Newtonian reflector telescopes use two mirrors – a figured primary mirror (the objective) which focuses incoming light, and a flat secondary mirror which redirects that light at an angle so that it can be viewed without getting your head stuck in the tube. The secondary mirror is only practically important – a CCD sensor could be placed directly into the path of the light focused by the objective mirror and it would capture the light without requiring an additional reflection. However, the subject of this post is the primary mirror, particularly: it’s shape.

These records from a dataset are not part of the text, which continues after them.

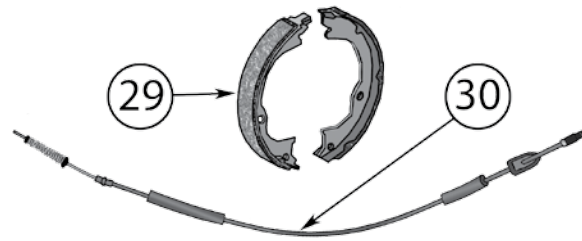

PARKING BRAKES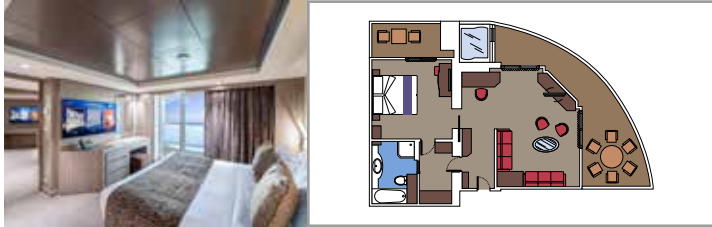

INCLUDED FACILITIES

- Luxury suites with premium interiors
- Some Suites have balcony with private whirlpool
- Spacious wardrobe
- Comfortable double bed or single beds (on request)
- Bathroom with shower and/or bathtub, vanity area with hairdryer
- Interactive TV, telephone, safe, minibar and air conditioning
- Wifi connection included

MSC YACHT CLUB ROYAL SUITE YC3

≈58
≈70
15
4

- › Balcony with private whirlpool bath and dining table
- › Separate living area and dining room
- › Walk-in wardrobes
- › Bathroom with bathtub and shower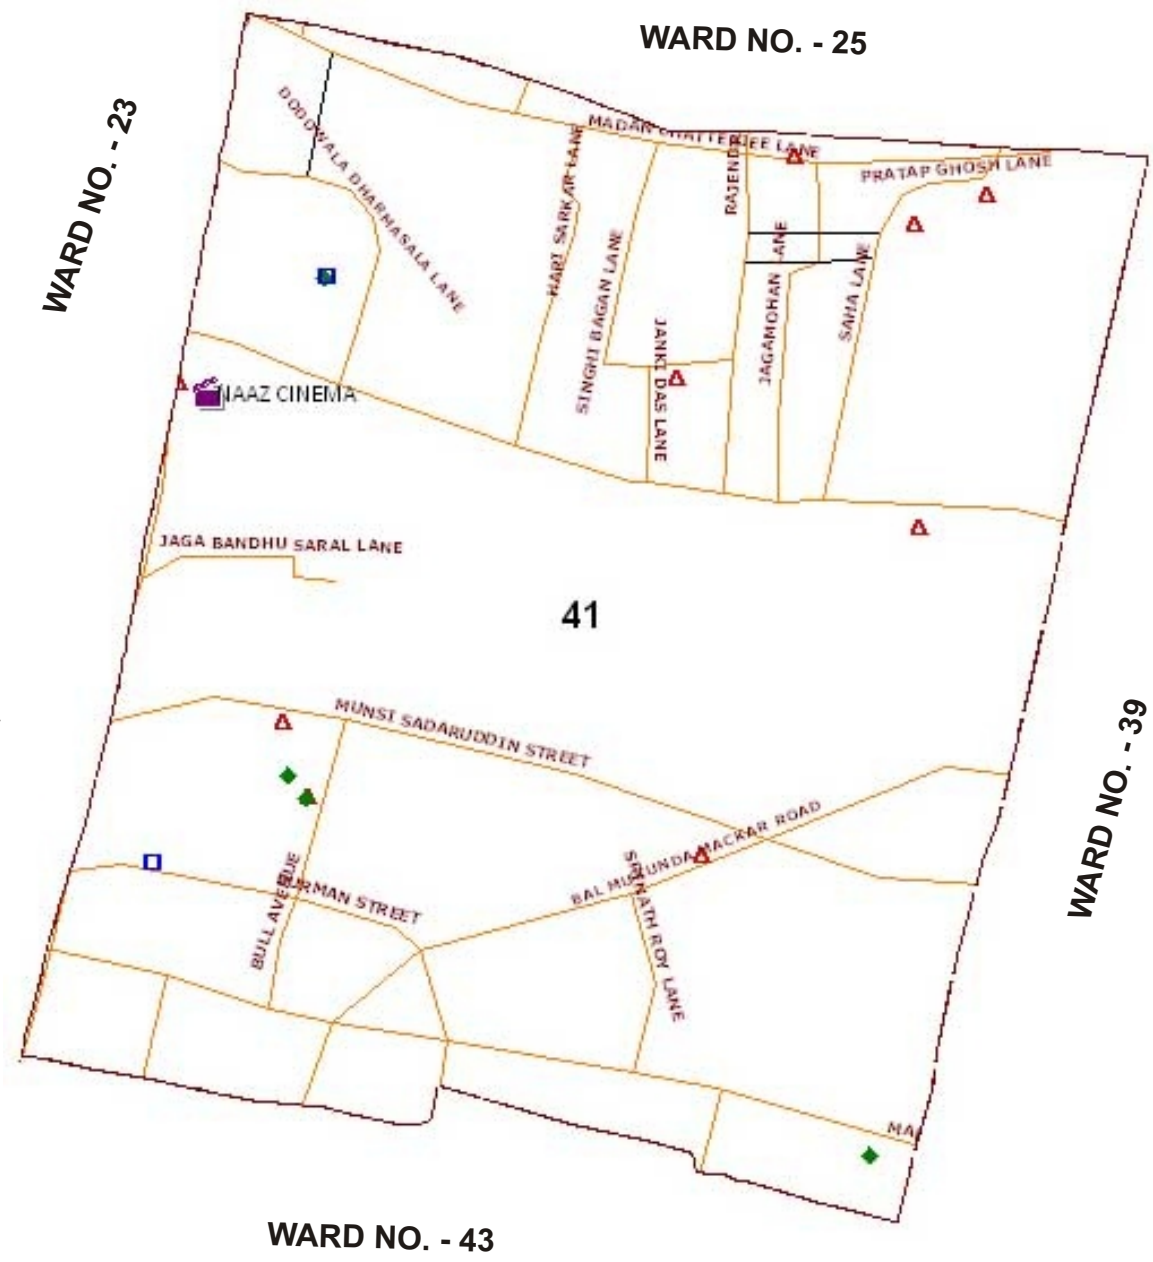

WARD NO. 41

LEGEND	
	WardBoundary_kol
	HIGH_SCHOOL
	PRIVATE_SCHOOL
	PRIMARY_SCHOOL
	Metro_Station
	OFFICE
	BANK
	POST OFFICE
	LANDMARK
	ENTERTAINMENT
	HEALTH
	POLICE STATION
	MARKET
	EDUCATIONAL
	TRANSPORT
	RELEGIOUS
	CREMATORIUM
	FERI GHAT
	MARKET
	OFFICE
	Roads
	Roads

A 2D parabola is defined by the quadratic equation \(y = ax^2 + bx + c\). If we make some simplifying assumptions (such as: its open side faces up; it “rests” on the x-axis; the focus is on the y-axis at height p) then our equation reduces to \(y = 4px^2\). The first order derivative (e.g. slope) of this equation is \({dy \over dx} = 2px\). That means, for a given focal length (and radius from the centre of the mirror), we can estimate the height of the reflective surface from the x-axis, as well as the slope at that point. These two computed values show where light is reflected when it encounters the surface of the objective mirror. Remember that incident light is reflected about the normal vector to the surface:
\(R = D – (2D \cdot N)N\)

To enable a 3D version (a paraboloid) we can take advantage of the knowledge that we only need rotate the parabola (i.e. the shape is rotationally symmetric about the vertical axis). In 3D, I chose to rotate around the z-axis.

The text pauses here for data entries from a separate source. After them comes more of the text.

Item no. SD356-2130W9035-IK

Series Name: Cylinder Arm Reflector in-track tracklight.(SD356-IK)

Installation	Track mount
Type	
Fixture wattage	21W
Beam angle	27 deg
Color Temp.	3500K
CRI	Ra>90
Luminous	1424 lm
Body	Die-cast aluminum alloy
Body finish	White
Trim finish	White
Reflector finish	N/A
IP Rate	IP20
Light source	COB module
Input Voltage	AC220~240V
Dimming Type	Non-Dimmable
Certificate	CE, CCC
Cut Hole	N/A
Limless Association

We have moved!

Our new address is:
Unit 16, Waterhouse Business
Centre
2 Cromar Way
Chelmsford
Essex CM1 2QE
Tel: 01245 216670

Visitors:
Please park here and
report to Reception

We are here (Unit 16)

It then becomes rather straight forward to take a solid angle of light, to compute the angles at which each incident ray encounters the parabolic reflector surface (parallax will affect closer light sources more than further away sources) and then note the points at which two or more rays converge to a single point. It turns out that the parabolic shape is ONLY able to focus light that is travelling parallel to the reflector’s primary axis. Closer sources converge further back than the stated focal length; sources at infinity converge exactly at the parabola’s focal point. Off-axis sources result in a complex out-of-focus shape when we attempt to capture them on a flat focal plane like a CCD. Looking at the distribution of focal points for a given field of view it was difficult to imagine a single transformation that might enable coma to be completely (and correctly) removed, though clearly a retail market for coma-correcting lenses abounds.